Step 3: Validate with a Databricks Job

Before integrating with Azure DevOps, confirm that your tests run correctly inside Databricks.

3.1 Create a Job Definition

{
  "name": "run_unit_tests",
  "tasks": [
    {
      "task_key": "run-test-notebook",
      "notebook_task": {
        "notebook_path": "/Repos/.../run_tests"
      },
      "existing_cluster_id": "<cluster-id>"
    }
  ]
}

3.2 Run the Job

databricks jobs create --json-file job.json
databricks jobs run-now --job-id <id>

3.3 Validate the Output

Confirm that this file exists:

tests/reports/report.xml

If this file is generated, your Databricks execution layer is working correctly.

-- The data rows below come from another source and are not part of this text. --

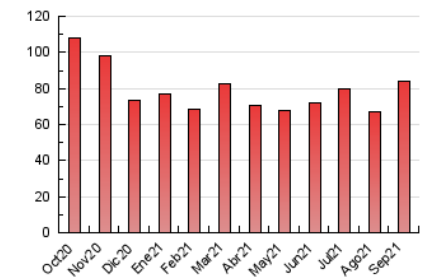

Páginas (x 1000)
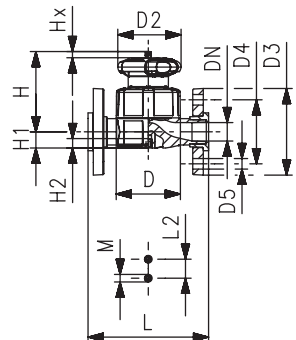

Type 517 Flanged

Inch	DN	D	D2	D3	D4	L(8)	L2	H	H1	H2	M	Hx
1/2	15	65	65	95	65	130	25	73	14	12	M6	7
3/4	20	80	65	105	75	150	25	81	18	12	M6	10
1	25	88	87	115	85	160	25	107	22	12	M6	13
1 1/4	32	101	87	140	100	180	45	115	26	15	M8	15
1 1/2	40	117	135	150	110	200	45	148	32	15	M8	19
2	50	144	135	165	125	230	45	166	39	15	M8	25

Legend

- L(1) PVC & CPVC socket union
- L(2) PVC & CPVC NPT
- L(3) Union with fusion socket
- L(4) Union with butt fusion spigot
- L(5) Butt fusion spigot
- L(6) PVC & CPVC metric spigot
- L(7) Socket fusion spigot
- L(8) ANSI flanged

All data in millimeter [mm] unless otherwise indicated
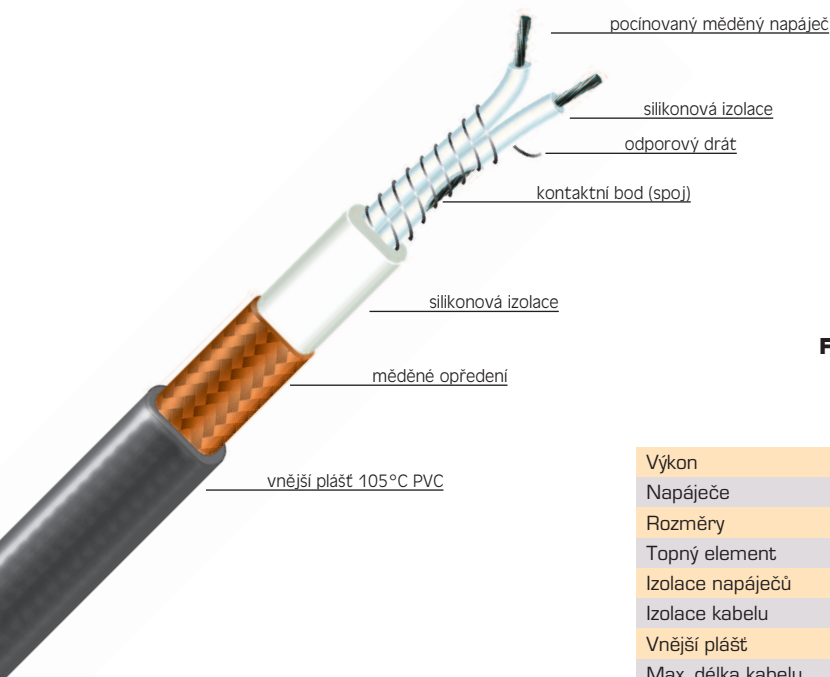

FTC

Kabely s konstantním výkonem pro otápění okapů

Vlastnosti

- Robustní a flexibilní konstrukce
- Může být zkracován na potřebnou délku
- Velmi jednoduché zakončení na místě montáže
- Integrovaný studený přívod: není potřeba spojovat
- K dispozici je výkon 30 W/m
- Napájecí napětí 230 V
- Měděné opředení a vnější plášť PVC jako ochrana před UV zářením

Aplikace

FTC je kabel s konstantním výkonem navržený k ochraně okapů a svodů před zamrznutím.

Chrání také před kombinací následujících jevů projevujících se v zimě:

- Okapy ucpané sněhem: když na střeše taje sníh, voda nemůže dobře odtékat a stéká po fasádě budovy.
- Rampouchy visící z okapů mohou při pádu způsobit zranění nebo hmotnou škodu.

Z těchto důvodů se na dno okapů a do svodů instaluje topný kabel, který led a sníh rozpouští a udržuje průchozí odvodnění střechy.

K zajištění dlouhé životnosti těchto topných prvků doporučujeme použití regulátoru.

Instalace

Pro instalaci topného kabelu do okapu se používají dva způsoby:

- Po vyčištění a vysušení okapu se topný kabel přilepí hliníkovou lepicí páskou **FX/AL** po celé délce na dno okapu.
- Topný kabel se přilepí na dno okapu silikonovým nebo podobným tmelem ve vzdálenostech 0,5 m.
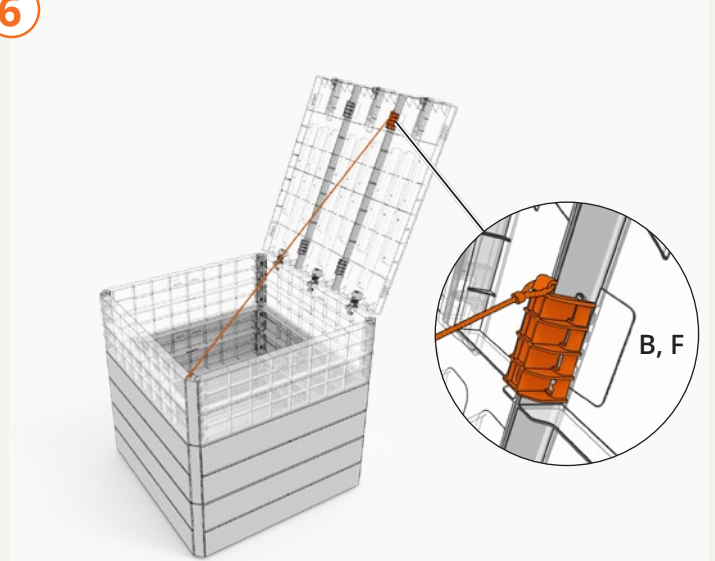

- **DE** Frühbeet-Abdeckung für Ergo Quadro L Hochbeete
- **FR** Couvercle pour châssis potager Ergo Quadro L
- **EN** Cold frame cover for Ergo Quadro L raised beds
- **ES** Cubierta para heladas para jardinera modula Ergo Quadro L

Montageanleitung
Notice d'installation
Installation instruction
Instrucciones de montaje

5

6

7

Step 4: Create the Azure DevOps Pipeline

Now we connect everything into an Azure DevOps pipeline that will:

  • trigger the Databricks job
  • retrieve test results
  • enforce pass/fail behavior on pull requests

Navigate to pipelines, then select:

  • Azure Repos Git
  • Your repository
  • Python package

4.1 Handle Branch Logic

We need to ensure the pipeline tests the correct branch, especially for pull requests.

variables:
  - name: branch_name
    ${{ if startsWith(variables['Build.SourceBranch'], 'refs/heads/') }}:
      value: ${{ replace(variables['Build.SourceBranch'], 'refs/heads/', '') }}
    ${{ if startsWith(variables['Build.SourceBranch'], 'refs/pull/') }}:
      value: ${{ replace(variables['System.PullRequest.SourceBranch'], 'refs/heads/', '') }}

Why this matters:

  • It handles both manual runs and pull request validation
  • It ensures the pipeline checks the actual feature branch

4.2 Trigger the Databricks Job from the Pipeline

- task: Bash@3
  inputs:
    targetType: 'inline'
    script: |
      pip install databricks-cli

      databricks configure --token <<EOF
      $(DATABRICKS_HOST)
      $(DATABRICKS_TOKEN)
      EOF

      echo "Branch: $(branch_name)"
      git checkout $(branch_name)

      databricks jobs run-now --job-id <job-id>

4.3 Export the Test Results

databricks workspace export /tests/reports/report.xml report.xml

4.4 Publish the Test Results

- task: PublishTestResults@2
  inputs:
    testResultsFiles: 'report.xml'
    testRunTitle: 'Databricks PyTest Results'
    failTaskOnFailedTests: true

Step 5: Enforce CI on Pull Requests

Navigate to:

Project Settings -> Repositories -> Policies -> Main Branch

Enable:

  • Build validation
  • Automatic trigger
  • Required

Step 6: Validate the End-to-End Flow

Run through a quick sanity check:

  1. Open a pull request and confirm the pipeline triggers
  2. Intentionally break a test and confirm the pipeline fails
  3. Fix the test and confirm the pull request can merge

Final Thoughts

This setup gives you:

  • Real CI coverage for Databricks workflows
  • Better confidence in production code changes
  • Automated quality enforcement for pull requests

More importantly, it addresses one of the most common pain points in data engineering: validating code that depends on distributed systems while still maintaining the rigor of modern CI practices.

Instead of treating Databricks as a special-case environment, this approach brings it into the same testing and deployment discipline expected in production software systems.